◆ Problem statement:
State the count of lines below featuring the word "produktu", and write nothing further.

◆ Records shown:

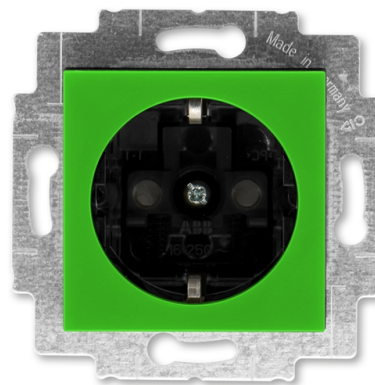

Zásuvka jednonásobná s bočnými kontaktmi, s clonkami

Kód produktu 2CHH203457A6067

Dizajn Levit®

Radenie 2P+PE

Variant zelená / dymová čierna

POPIS

16 A, 250 V AC

Upevnenie šrúbami alebo rozperkami.
Bezšrúbové svorky (Pre vodiče 1,5-2,5 mm²).
nie je možné používať v SR – iba pre export.

ĎALŠIE VARIANTY

Variant	Kód produktu
 biela /ľadová biela	2CHH203457A6001
 biela / biela	2CHH203457A6003
 šedá / biela	2CHH203457A6016
 slonová kosť / biela	2CHH203457A6017
 macchiato / biela	2CHH203457A6018
 biela / dymová čierna	2CHH203457A6062
 žltá / dymová čierna	2CHH203457A6064
 červená / dymová čierna	2CHH203457A6065
 oranžová / dymová čierna	2CHH203457A6066

◆ Output of the task:
2